* [What you have to do]
The result should be an exact copy of the entries that follow, with no pictures included.

Source records:
==========
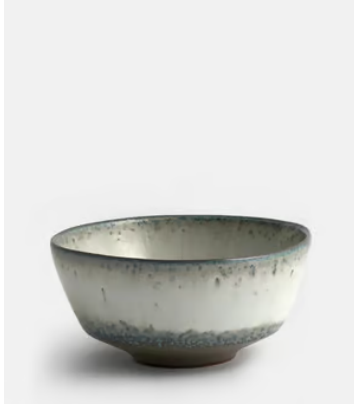

## Harpia Cereal Bowl, Set of Four

€78 Regular price

€66 Member price

Taking its cues from the serveware in Soho Roc House, our Harpia cereal bowls are crafted from durable stoneware and inspired by vintage ceramics. Each one is finished with a glossy, sage reactive glaze inside that creates unique tonal variations and speckles to mimic the shadows of light on water.
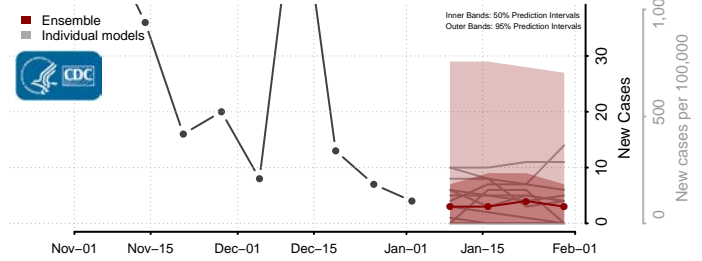

Wells County, North Dakota
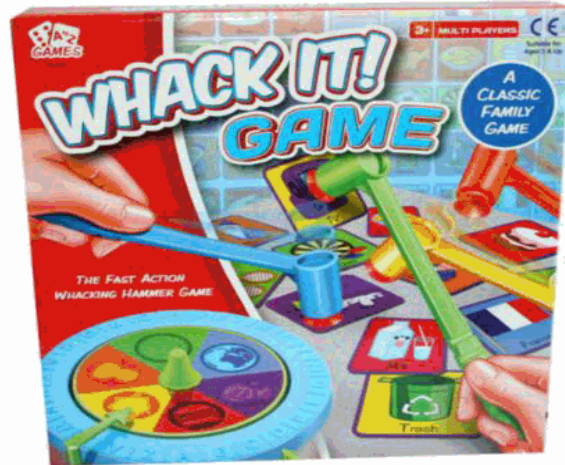

Suitable for ages 6 years & up  
Packaged size 29 x 26 x 6 cm

<b>Product Code:</b> 37472
<b>Description:</b> PYO GARDEN GNOME
<b>Inner/ Outer:</b> 12 / 24
<b>Barcode:</b>  5 012866 374725

Suitable for ages 6 years & up  
Packaged size 22 x 16 x 10 cm

**Product Code:**

08128

**Description:**

WHACK IT GAME

**Inner/ Outer:**

12 / 24

**Barcode:**

Packaged size 28 x 28 x 5 cm

**Product Code:**

08872

**Description:**

CHICKEN DROP GAME

**Inner/ Outer:**

12 / 24

**Barcode:**

Suitable for ages 5 years & up  
Packaged size 22 x 27 x 9 cm
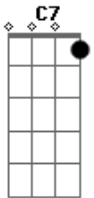

© ukulele-chords.com
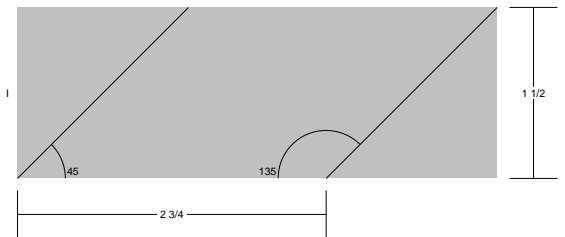

Ribbon Bow

Ribbon Bow  
 Pattern for 7.00x7.00 block  
 Key Block (7/20 actual size)

Cutting Diagrams

Patch Count

Ribbon Bow  
Pattern for 7.00x7.00 block  
Key Block (49/100 actual size)
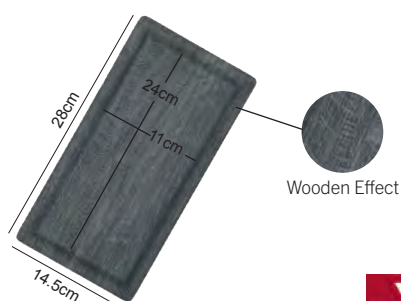

NEW

12453EU

Smokehouse Melamine Collection
Rectangular Serving Tray Gray

28 x 14.5 x 1.5cm

📦 6/12
==========
* [Response]
## Harpia Cereal Bowl, Set of Four

€78 Regular price

€66 Member price

Taking its cues from the serveware in Soho Roc House, our Harpia cereal bowls are crafted from durable stoneware and inspired by vintage ceramics. Each one is finished with a glossy, sage reactive glaze inside that creates unique tonal variations and speckles to mimic the shadows of light on water.

Wells County, North Dakota

Suitable for ages 6 years & up  
Packaged size 29 x 26 x 6 cm

<b>Product Code:</b> 37472
<b>Description:</b> PYO GARDEN GNOME
<b>Inner/ Outer:</b> 12 / 24
<b>Barcode:</b>  5 012866 374725

Suitable for ages 6 years & up  
Packaged size 22 x 16 x 10 cm

**Product Code:**

08128

**Description:**

WHACK IT GAME

**Inner/ Outer:**

12 / 24

**Barcode:**

Packaged size 28 x 28 x 5 cm

**Product Code:**

08872

**Description:**

CHICKEN DROP GAME

**Inner/ Outer:**

12 / 24

**Barcode:**

Suitable for ages 5 years & up  
Packaged size 22 x 27 x 9 cm

© ukulele-chords.com

Ribbon Bow

Ribbon Bow  
 Pattern for 7.00x7.00 block  
 Key Block (7/20 actual size)

Cutting Diagrams

Patch Count

Ribbon Bow  
Pattern for 7.00x7.00 block  
Key Block (49/100 actual size)

NEW

12453EU

Smokehouse Melamine Collection
Rectangular Serving Tray Gray

28 x 14.5 x 1.5cm

📦 6/12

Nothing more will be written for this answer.